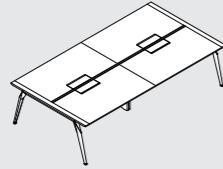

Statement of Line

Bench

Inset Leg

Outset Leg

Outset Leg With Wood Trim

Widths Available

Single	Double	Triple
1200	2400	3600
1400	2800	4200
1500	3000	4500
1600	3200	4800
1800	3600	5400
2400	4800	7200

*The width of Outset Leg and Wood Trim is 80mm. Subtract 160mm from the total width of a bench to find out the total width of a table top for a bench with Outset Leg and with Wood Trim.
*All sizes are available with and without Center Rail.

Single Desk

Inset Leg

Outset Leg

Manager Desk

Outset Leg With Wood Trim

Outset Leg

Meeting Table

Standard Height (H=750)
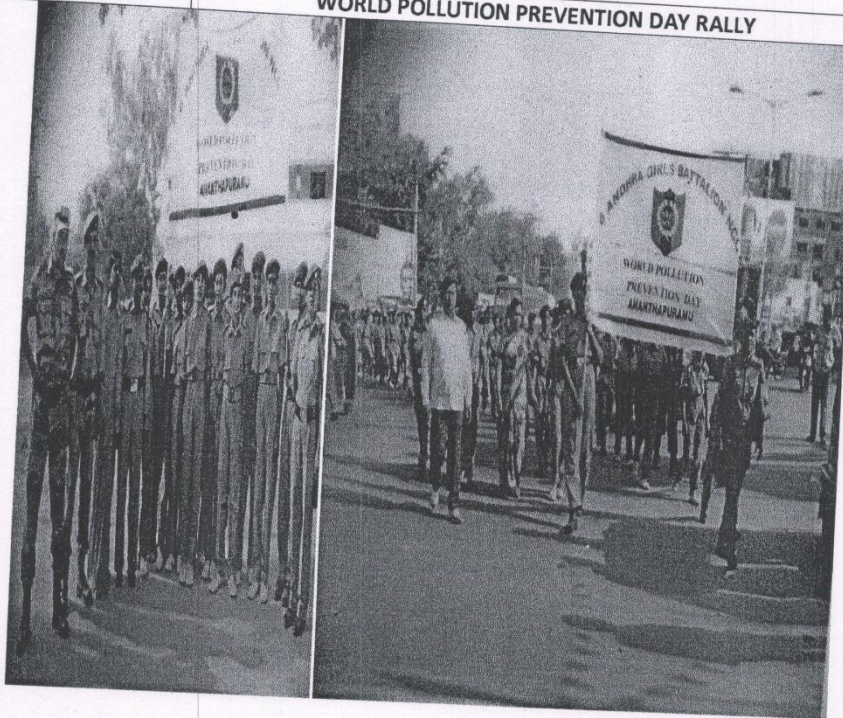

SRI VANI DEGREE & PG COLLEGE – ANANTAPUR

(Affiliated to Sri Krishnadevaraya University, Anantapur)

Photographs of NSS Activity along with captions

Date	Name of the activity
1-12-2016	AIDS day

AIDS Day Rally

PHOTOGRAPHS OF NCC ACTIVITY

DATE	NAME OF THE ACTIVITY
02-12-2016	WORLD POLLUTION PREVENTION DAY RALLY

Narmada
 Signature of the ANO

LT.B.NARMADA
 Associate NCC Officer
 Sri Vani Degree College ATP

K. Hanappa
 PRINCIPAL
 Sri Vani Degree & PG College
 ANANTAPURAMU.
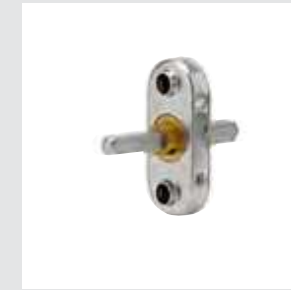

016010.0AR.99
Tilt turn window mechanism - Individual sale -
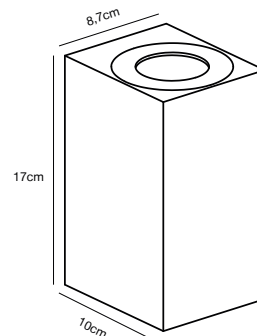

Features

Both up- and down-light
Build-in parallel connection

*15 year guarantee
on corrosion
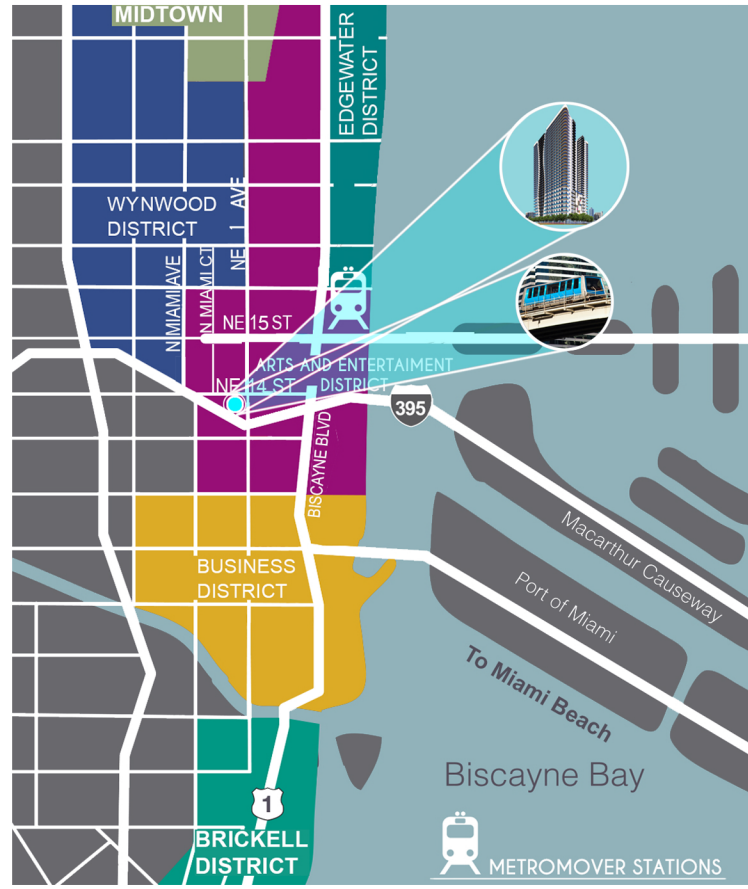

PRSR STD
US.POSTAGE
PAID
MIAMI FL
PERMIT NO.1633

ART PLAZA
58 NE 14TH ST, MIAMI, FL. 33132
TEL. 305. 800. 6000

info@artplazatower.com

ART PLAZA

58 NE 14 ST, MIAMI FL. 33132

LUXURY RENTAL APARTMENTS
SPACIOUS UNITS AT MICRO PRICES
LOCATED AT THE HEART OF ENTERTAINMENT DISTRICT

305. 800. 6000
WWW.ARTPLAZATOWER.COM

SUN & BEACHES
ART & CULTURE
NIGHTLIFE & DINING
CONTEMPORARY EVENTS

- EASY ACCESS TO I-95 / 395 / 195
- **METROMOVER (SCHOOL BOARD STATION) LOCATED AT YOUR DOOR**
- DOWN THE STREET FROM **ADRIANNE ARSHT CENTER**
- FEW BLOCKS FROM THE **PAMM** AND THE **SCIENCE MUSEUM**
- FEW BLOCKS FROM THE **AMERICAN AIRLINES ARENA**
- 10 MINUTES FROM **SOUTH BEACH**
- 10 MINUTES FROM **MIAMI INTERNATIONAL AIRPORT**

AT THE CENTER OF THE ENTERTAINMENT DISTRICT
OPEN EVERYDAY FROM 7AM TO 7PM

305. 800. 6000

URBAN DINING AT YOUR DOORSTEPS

------------------------------------------------

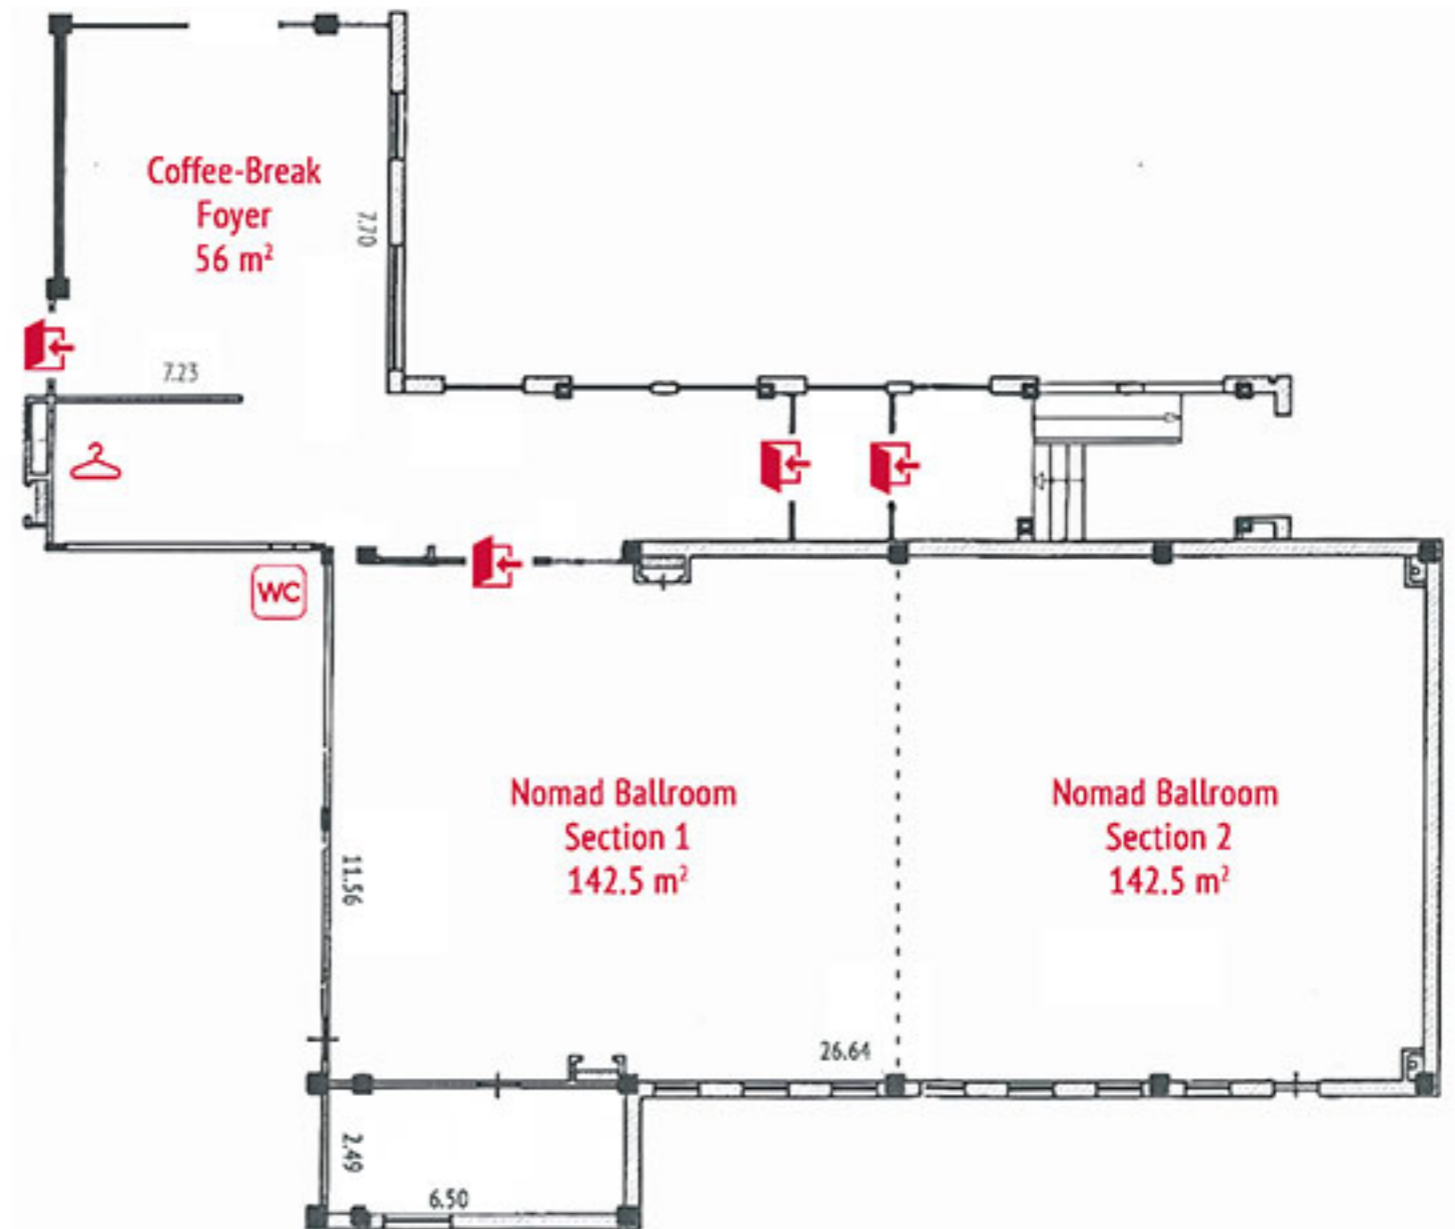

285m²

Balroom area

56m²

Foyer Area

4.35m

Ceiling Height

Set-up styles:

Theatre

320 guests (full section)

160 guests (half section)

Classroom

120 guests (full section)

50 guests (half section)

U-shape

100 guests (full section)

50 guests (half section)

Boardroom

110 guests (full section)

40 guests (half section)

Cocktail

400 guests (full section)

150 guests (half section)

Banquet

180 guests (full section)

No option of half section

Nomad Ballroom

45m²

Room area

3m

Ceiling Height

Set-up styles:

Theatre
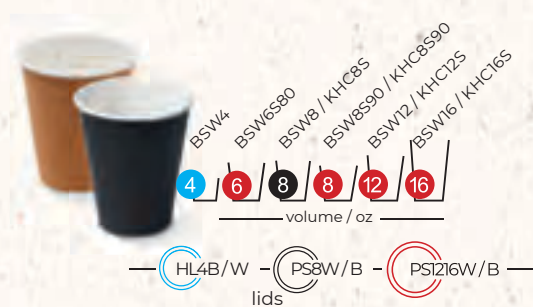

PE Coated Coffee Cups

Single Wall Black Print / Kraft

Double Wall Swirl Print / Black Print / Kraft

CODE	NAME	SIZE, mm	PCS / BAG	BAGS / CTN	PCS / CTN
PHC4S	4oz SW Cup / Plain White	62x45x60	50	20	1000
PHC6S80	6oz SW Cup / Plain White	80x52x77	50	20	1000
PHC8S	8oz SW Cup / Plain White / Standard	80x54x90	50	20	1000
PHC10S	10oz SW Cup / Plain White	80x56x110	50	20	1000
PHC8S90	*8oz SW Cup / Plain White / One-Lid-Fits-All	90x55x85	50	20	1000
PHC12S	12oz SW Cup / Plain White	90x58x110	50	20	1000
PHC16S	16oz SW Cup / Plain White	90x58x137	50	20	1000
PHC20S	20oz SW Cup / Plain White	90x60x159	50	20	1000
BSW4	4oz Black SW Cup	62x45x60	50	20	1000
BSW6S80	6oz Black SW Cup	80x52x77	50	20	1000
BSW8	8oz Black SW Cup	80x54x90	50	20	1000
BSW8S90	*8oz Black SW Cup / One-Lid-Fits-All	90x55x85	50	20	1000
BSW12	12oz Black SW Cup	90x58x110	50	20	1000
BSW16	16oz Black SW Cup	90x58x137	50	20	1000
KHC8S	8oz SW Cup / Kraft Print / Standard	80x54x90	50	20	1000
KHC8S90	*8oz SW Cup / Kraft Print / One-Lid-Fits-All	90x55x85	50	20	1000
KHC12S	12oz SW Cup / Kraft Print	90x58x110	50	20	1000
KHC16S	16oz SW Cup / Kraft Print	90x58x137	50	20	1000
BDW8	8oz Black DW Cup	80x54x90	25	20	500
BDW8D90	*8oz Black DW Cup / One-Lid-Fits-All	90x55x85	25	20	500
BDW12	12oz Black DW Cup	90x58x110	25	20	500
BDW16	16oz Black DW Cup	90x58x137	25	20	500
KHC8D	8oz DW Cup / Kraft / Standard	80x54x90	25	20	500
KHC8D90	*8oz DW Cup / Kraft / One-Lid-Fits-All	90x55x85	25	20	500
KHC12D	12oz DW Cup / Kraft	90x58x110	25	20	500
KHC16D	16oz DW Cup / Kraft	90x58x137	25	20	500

------------------------------------------------

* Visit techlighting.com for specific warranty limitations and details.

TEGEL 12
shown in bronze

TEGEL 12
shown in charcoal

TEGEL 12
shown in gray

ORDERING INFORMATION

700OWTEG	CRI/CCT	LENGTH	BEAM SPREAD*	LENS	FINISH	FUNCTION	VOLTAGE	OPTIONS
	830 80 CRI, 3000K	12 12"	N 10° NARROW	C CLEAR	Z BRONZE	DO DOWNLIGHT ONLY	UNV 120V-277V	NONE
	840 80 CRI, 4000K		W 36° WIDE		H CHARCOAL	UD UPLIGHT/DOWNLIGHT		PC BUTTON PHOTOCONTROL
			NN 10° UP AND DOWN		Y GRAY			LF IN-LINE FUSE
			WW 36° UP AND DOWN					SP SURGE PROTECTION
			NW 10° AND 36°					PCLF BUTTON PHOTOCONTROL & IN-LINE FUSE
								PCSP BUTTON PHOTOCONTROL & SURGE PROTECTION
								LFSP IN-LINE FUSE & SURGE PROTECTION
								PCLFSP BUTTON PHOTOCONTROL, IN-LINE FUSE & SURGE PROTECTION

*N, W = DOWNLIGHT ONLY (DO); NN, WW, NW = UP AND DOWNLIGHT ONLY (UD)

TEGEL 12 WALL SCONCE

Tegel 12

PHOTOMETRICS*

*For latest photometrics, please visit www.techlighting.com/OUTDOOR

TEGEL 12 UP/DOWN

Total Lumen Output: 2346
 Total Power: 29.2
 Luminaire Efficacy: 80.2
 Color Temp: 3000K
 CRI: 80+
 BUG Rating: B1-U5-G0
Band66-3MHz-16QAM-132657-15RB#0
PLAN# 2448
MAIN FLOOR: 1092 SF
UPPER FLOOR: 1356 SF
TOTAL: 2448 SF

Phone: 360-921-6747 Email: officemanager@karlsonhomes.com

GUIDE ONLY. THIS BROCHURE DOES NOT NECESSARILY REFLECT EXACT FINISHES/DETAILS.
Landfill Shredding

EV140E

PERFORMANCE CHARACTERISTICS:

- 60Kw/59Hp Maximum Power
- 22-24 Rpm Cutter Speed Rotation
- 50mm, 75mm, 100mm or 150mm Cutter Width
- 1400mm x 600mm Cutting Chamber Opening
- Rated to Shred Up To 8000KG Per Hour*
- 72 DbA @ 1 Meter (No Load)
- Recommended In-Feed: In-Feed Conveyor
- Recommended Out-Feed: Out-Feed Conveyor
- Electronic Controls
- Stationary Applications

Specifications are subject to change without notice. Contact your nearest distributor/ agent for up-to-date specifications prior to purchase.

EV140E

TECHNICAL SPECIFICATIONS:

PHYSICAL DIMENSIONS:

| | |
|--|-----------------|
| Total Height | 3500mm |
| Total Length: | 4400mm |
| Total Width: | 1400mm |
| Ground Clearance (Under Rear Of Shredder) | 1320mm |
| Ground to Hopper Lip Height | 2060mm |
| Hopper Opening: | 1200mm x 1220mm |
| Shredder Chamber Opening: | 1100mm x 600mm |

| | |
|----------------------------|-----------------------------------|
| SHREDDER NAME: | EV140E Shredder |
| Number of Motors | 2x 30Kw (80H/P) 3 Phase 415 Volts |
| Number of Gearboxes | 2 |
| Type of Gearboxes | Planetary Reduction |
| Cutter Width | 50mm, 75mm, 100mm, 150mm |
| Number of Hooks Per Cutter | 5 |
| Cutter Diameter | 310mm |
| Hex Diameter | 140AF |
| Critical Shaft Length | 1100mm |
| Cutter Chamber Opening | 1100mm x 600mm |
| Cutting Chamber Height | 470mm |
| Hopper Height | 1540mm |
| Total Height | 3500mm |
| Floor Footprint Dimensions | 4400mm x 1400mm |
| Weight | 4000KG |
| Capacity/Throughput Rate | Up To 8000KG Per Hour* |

------------------------------------------------

▸ **ASSIGNMENT**:
Write out exactly the lines above from the line with "- FEW BLOCKS FROM THE **AMERICAN" through the line with "URBAN DINING AT YOUR DOORSTEPS", both of them included, and leave out all other lines.

▸ **SOLVED PROBLEM**:
- FEW BLOCKS FROM THE **AMERICAN AIRLINES ARENA**
- 10 MINUTES FROM **SOUTH BEACH**
- 10 MINUTES FROM **MIAMI INTERNATIONAL AIRPORT**

AT THE CENTER OF THE ENTERTAINMENT DISTRICT
OPEN EVERYDAY FROM 7AM TO 7PM

305. 800. 6000

URBAN DINING AT YOUR DOORSTEPS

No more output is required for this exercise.